Yıkımın büyük olduğu Antakya Sanayi Sitesi'nde inşaatlarla ilgili ihalenin Sanayi ve Teknoloji Bakanlığınca düzenlendiğini dile getiren Yapar, şunları kaydetti:
"Ödemeler uzun vadede ve düşük faizlerle kredilendirilecek. Oranın olması istihdamı öncekine yakın seviyelere çekmemize yardımcı olacaktır ama şehre yayılmış olan, daha ziyade konutların arasında olan iş yerleriyle ilgili zannediyorum bizim yeni sanayi sitelerine ihtiyacımız olacak. Çünkü çalışmak isteyen insana 'yer yok' demek durumda kalmak istemiyoruz. Eğer küçük 2-3 tane daha sanayi sitesi kurarak onları da yerleştirebilirsek işleri daha rahat götüreceğiz. Belki 1-2 senelik süre içerisinde inşallah depremden önceki istihdamımızı tekrar sağlayabilecek duruma geleceğiz."
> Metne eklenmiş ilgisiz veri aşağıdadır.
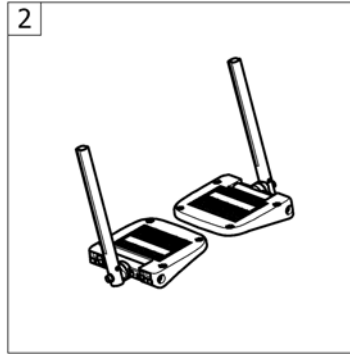

FOOTREST

Pos.	Part number	Description	Valid from → until	Qty
1	-	Footrest 2-piece		1
2	-	Footrest 2-piece, angle adjustable		1
3	-	Footbands		1
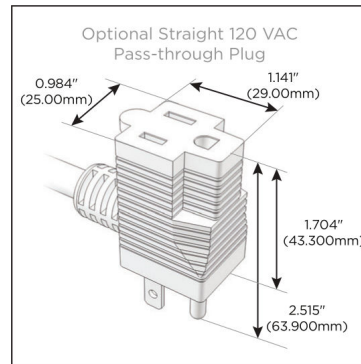

Trim Plate Finish: **CHAMPAGNE (ABS)**

Custom Finishes Available

M-POWER-5T-AAAAA-CHATP

Features:

Module/Port Options:

- A** Tamper Resistant AC Receptacle
- E** USB-A & USB-C (20W)
- M** Double USB-A (Fast Charging Ports - 18W)
- H** HDMI
- 6** CAT 6
- 12** RJ 12
- X** Switched AC
- Y** 3-Way Switch (Low Voltage)
- V** USB-C (45W High Speed Charging Port)
- S** USB-C (25W High Speed Charging Port)
- R** Switched AC (Rocker Switch)
- D** Dimmer Switch

Plug:

Supplied with Low Profile Flat 45° Angle 120 VAC Plug

Optional Standard Straight 120 VAC Plug

Optional Straight 120 VAC Pass-through Plug

- CLEAN, COMPACT DESIGN
- STREAMLINED
- LOW PROFILE
- SIDE-EXITING CORDS
- PLUG & PLAY
- 6' AC CORD & PLUG (FLAT PLUG STANDARD)
- CUSTOMIZABLE CONFIGURATIONS AND FINISHES
- UL LISTED FOR MOUNTING IN FURNITURE
- 15A

M-POWER-5T

AC POWER & DATA CONNECTIVITY SOLUTION

M-POWER-5T-AAAAA-CHATP

Specs:

Modules/Ports:

- A Tamper Resistant AC Receptacle

Distributed by

Mormax Company, Inc.
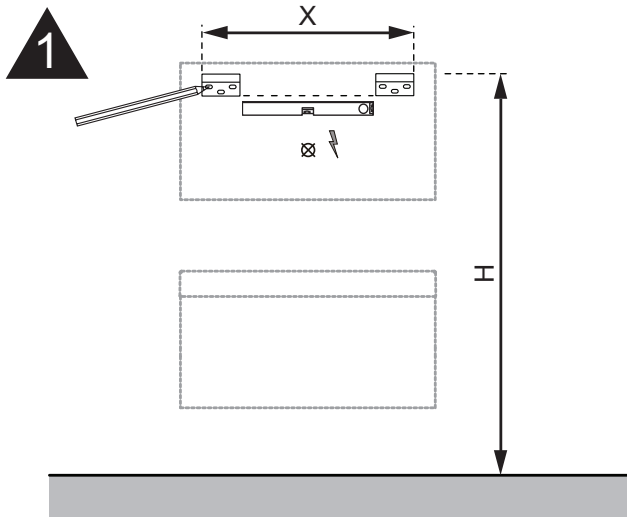

MONTAGE INSTRUCTIES

Press the icon shortly to control on/off the lighting and heating pad.
 Press and hold the icon to change the colour temperature/dimmer.

"Ölene kadar bu şehir için bir şeyler yapacağız"
Yapar, şehri tekrar ayağa kaldırmak için devlet ve yerel yönetime görev düştüğünü, halkın da sorumluluk alması gerektiğini söyledi.
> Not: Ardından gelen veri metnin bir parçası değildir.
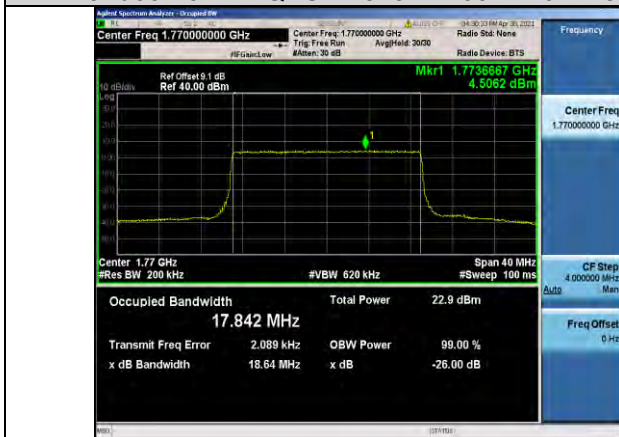

Band66-20MHz-QPSK-132572-100RB#0-17.842
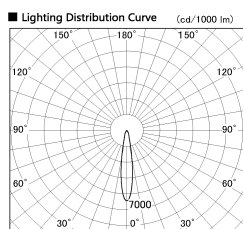

Item no. DD099-3015WW9040D

Series Name: Φ 125 Spark (Deep Cone)

Installation	Recessed mount
Type	Φ 125 Spark (Deep Cone)
Fixture wattage	30.3W
Beam angle	17 deg
Color Temp.	4000K
CRI	Ra>90
Luminous	2486 lm
Body	Die-cast aluminum alloy
Body finish	N/A
Trim finish	White
Reflector finish	White
IP Rate	IP20
Light source	COB module
Input Voltage	AC220~240V
Dimming Type	Non-Dimmable
Certificate	CE, CCC
Cut Hole	125mm
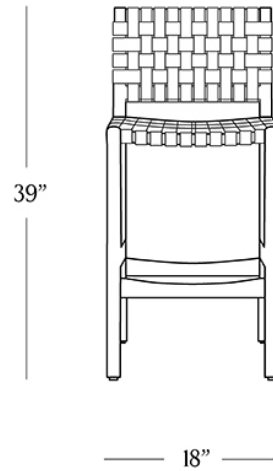

BR HOME
SAUSALITO COUNTER STOOL

STYLE # 6002343

DIMENSIONS

Width	18"
Depth	23"
Height	39"
Seat Height	25.5"
Seat Depth	17"
Weight	25 lbs.

**CARE**

- Dust with a clean, dry cloth; avoid cleaning agents and polishes with harsh chemicals and abrasives.
- Wipe clean with a damp cloth, using only a mild soap solution and wipe dry with a soft cloth.

**DETAILS**

Material Solid oak and buffalo leather

Handmade In India

Our Sausalito Counter Stool is expertly crafted from a solid oak frame woven with supple strips of buffalo leather in a textural open-basket weave.
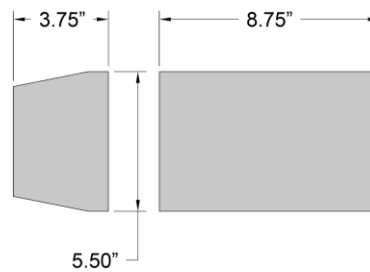

### PRODUCT MEASUREMENTS

FIXTURE	BACKPLATE / CANOPY
Length:	Length
Width: 8.75"	Width:
Diameter	Diameter:
Height: 5.5"	Height:
Extension: 3.75"	
Overall Height:	

#### LINE DRAWING

Vatandaşlara da seslenen Yapar, sözlerini şöyle sürdürdü:
"Bu şehirde yaşıyorsanız, bu şehirde yaşamaya davet etmek istiyorsanız, yaşama şartlarınızı burada oluşturmayı düşünüyorsanız lütfen şehir için yapılacak bir şeylerin ucundan tutun. Herkes bir başkasının yapacağı işi nasıl yapması gerektiğiyle ilgili fikir yürütüyor. Bu yüzden insanlar kendi yapacağı işe dönüp bakmaya fırsat bulamıyor. Şehir asla bir daha eskisi gibi olmayacak. O binalarda yaşayan insanlar bir daha geri dönmeyecek ama biz ölene kadar bu şehir asla 'evet oldu' diyeceğimiz bir noktaya gelmeyecek. Biz ölene kadar kalkıp sabahleyin bu şehir için bir şeyler yapmaya uğraşacağız. Belki 5 sene sonra bugün neye benzeyeceğini bilmediğimiz bir Antakya çıkacak ama inşaatlar hiç bitmeyecek. Yani şehrin gelişmesi hiç bitmeyecek."
"Antakyalı Antakya'yı çok sever, uzak kalamaz"
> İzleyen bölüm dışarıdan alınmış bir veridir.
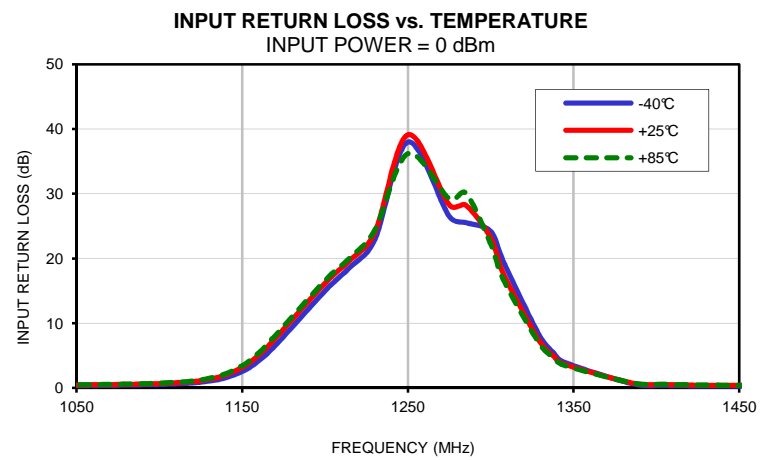

Typical Performance Curves

Band Pass Filter

CBP-1250C+

Typical Performance Curves

Şehirde, büyümenin, gelişimin ve değişimin sürekli devam edeceğini dile getiren Yapar, herkesin işini en güzel şekilde yaparak sürece katkıda bulunması gerektiğini kaydetti.
Antakyalıların Antakya'yı çok sevdiklerini vurgulayan Yapar, deprem sonrasında şehri terk etmek zorunda kalan Antakyalıların uzun süre kentten uzak yaşayamayacaklarını belirtti.
Konteyner kentlerin kurulduğuna ama bunların bütün Antakyalıları geri getirecek düzeyde olmadığına dikkati çeken Mehmet Ali Yapar, "İş sahası, yani insanların çalışma imkanı gün geçtikçe gelişiyor ama gidenlerin hepsini buraya geri getirecek gibi değil. Onlar zaten şartlar uygun hale geldiğinde mutlaka buraya dönecektir. Ciddi bir bölüm döndü zaten. Gidenlerin büyük bir bölümü de çocuklarının eğitimi için terk ettiler Antakya'yı." dedi.